Где-то впереди нее бледным пятном маячил Драко. Его волосы и кожа отражали бледный серый свет, и в полумраке казалось, что он парит над плечом своей матери как серебристая луна. Он молчал и не двигался. Он не вмешается. Ни за что.
Беллатрикс подошла ближе, и Гермиона так очевидно съежилась, что мадам Лестрейндж фыркнула от смеха. Она слегка прищурилась, нацелила палочку на Гермиону.
«Мама, мамочка…»
Боль ударила ее со всех сторон одновременно. С нее заживо сдирали кожу и присыпали свежую рану солью. Каждую мышцу в ее теле поджаривали на медленном огне. Каждый нерв тянули раскаленными железными клещами. Перед глазами плыла кроваво-алая тьма, металлический вкус заполнил горло. Это кровь, с облегчением подумала Гермиона. Сейчас я истеку кровью, и все закончится. Скорее бы…
Она упала на холодный пол с огромной высоты и продолжила проваливаться вниз, во тьму. Только бы потерять сознание. Только бы умереть. Соленая влага текла и текла в горло, губа болезненно пульсировала.
— Ты скажешь или нет? — донеслось сквозь тугой, толстый туман, окутавший голову.
— Н-н. — простонала она. — Не… Нет.
Второй раз был ничем не лучше первого. Будто тысяча игл пронзила ее глазные яблоки, что-то горячее, огромное, ввинчивалось в оба виска одновременно, пылающая боль пронзила лицо. Все суставы выворачивались, выгибались в противоположную сторону, сухожилия рвались, и все тело гнулось в непостижимую дугу…
— Хватит!
Холодный паркет показался Гермионе раем. Она просто лежала как мертвая, чувствуя, как полыхающее болью лицо прижимается к прохладному лаку, и боль стихает.
Горячее дыхание коснулось ее лица. Темные волосы занавесили свет. Беллатрикс нависла над нею, почти касаясь зубами ее уха.
— Волшебные ощущения, правда? — вкрадчиво прошептала она, силой выпрямляя безвольную руку Гермионы и подтягивая рукав до самого локтя. — Непередаваемое наслаждение.
Кончик палочки вонзился в предплечье. Гермиона застонала. И тут будто лезвие ножа заходило по живому, и она снова закричала, забилась, пытаясь вырваться, но Беллатрикс буквально сидела на ней верхом, придавливая к полу, чертя неведомые линии на ее предплечье. Один последний длинный разрез, и Гермионе показалось, что ей вскрыли вены.
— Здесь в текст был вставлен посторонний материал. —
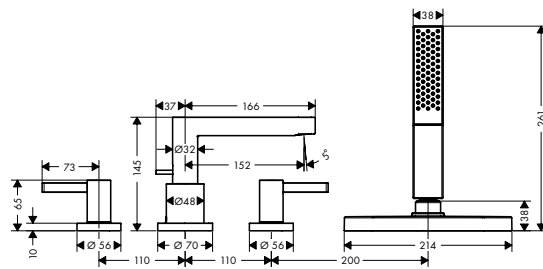

Finoris Mezclador de 4 agujeros para borde de bañera con sBox

Características

- Consiste en: mezclador de 4 agujeros para borde de bañera, teleducha, soporte de ducha, flexo de ducha, sBox
- Proyección: 152 mm
- Máxima longitud de extracción de la teleducha: 1,45m
- SBox para guiar el flexo de forma silenciosa, suave y protegida
- Máximo caudal a 3 bar: 23,5 l/min
- Caudal del caño de bañera a 3 bar: 23,5 l/min
- Caudal de la teleducha a 3 bar: 10,2 l/min
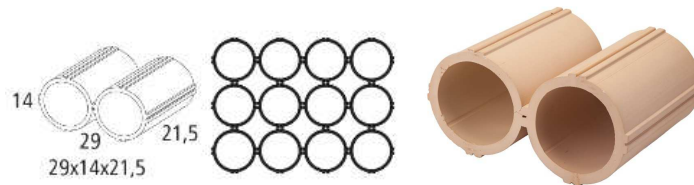

Colors · Colores · Colours – Couleurs

Made In
Catalonia
SPAIN
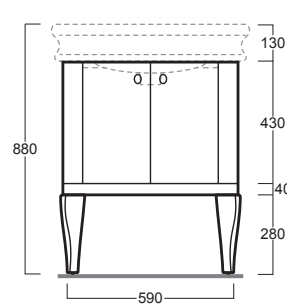

Lante

Mobile / Cabinet

LAM70

Disegni Tecnici
Technical Drawings

Mobile per lavabo LA10 finitura bianco
lucido/nero lucido/tortora lucido

Cabinet for washbasin LA10 glossy white/
glossy black/glossy dove grey finish

Accessori di completamento
Accessories available

- LA10 Lavabo70
- LA10 washbasin 70
- LAS1 Specchio
- LAS1 Mirror
- Scatola viti di fissaggio F89
- Set of fixing screw F89

Dati per montaggi
Installation Info

Капли побежали по коже, горячие и тут же мокро-холодные.
— Сгодится для начала, — удовлетворенно сказала Беллатрикс и тяжело встала, точно утомившись от сложной работы. Гермиона, все еще задыхаясь, скосила глаза. На ее предплечье, врезанная в плоть, алела надпись «ГРЯЗНОКРОВКА».
Она не очень помнила, что было дальше. Кажется, Малфой вызвал кого-то из своих подручных, ее забросили на плечо, будто мешок с тряпьем, и унесли обратно в подвал. Мерлин знает, сколько времени она пролежала там, во тьме, на полу, пока вдруг белый свет не вспыхнул во мраке.
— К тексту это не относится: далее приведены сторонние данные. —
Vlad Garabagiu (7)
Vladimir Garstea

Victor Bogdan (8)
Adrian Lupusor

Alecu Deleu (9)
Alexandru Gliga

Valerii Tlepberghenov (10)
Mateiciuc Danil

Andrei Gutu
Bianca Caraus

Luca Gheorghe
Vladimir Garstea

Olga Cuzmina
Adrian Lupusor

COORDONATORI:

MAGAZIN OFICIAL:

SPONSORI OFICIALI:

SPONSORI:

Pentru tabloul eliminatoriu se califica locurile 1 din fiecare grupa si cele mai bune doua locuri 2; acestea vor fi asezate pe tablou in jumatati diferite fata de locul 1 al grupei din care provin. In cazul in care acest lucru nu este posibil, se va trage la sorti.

Гермиона с трудом подняла голову. В стене прорезалась дверь, но за нею никого не было. Что-то темное само вдвинулось в проем, дверь исчезла. Гермиона взвизгнула от накатившего ужаса, ожидая каких угодно самоходных пыточных приспособлений, но вокруг стояла тишина, ничего не двигалось.
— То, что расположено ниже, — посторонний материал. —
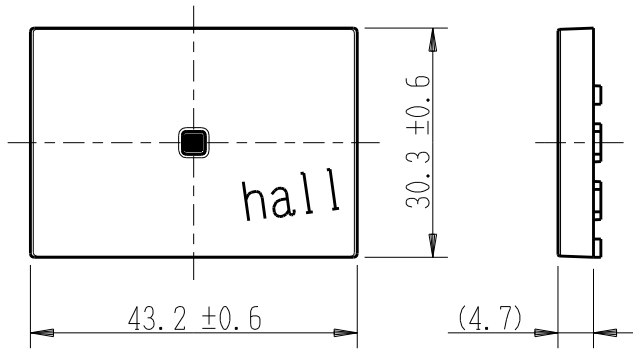

製 番	AWN-GTU-H01 KW	製 品 名	artific series	
			ガイド・チェック用操作板 3個上用	
			第三角法	

樹脂色

KW: Kinetic White: キネティック ホワイト

文字色; オリジナルグレー

※ 仕様及び外観は商品改良のため、予告なく変更する事がありますので、都度、最新版をご確認ください。

作 成	2026年03月05日	 <b>神保電器株式会社</b>	
--------	-------------	---	--

Она, трясясь всем телом, встала на четвереньки и поползла, ощупывая пол перед собой, пока рука не уперлась во что-то вроде подноса. Ближе всего к ней находился угловатый предмет, похожий на коробочку. Гермиона осторожно приподняла его, и дно внезапно отпало, а наружу вырвался шарик мягкого голубого света. И повис перед нею, на уровне глаз. В этом свете Гермиона увидела большой кувшин с водой и что-то, похожее на свернутое одеяло. Между его складками ощущалось нечто твердое и круглое. Медленно развернув ткань и все еще ожидая подвоха, Гермиона увидела четыре больших, блестящих, точно лакированные, зеленых яблока.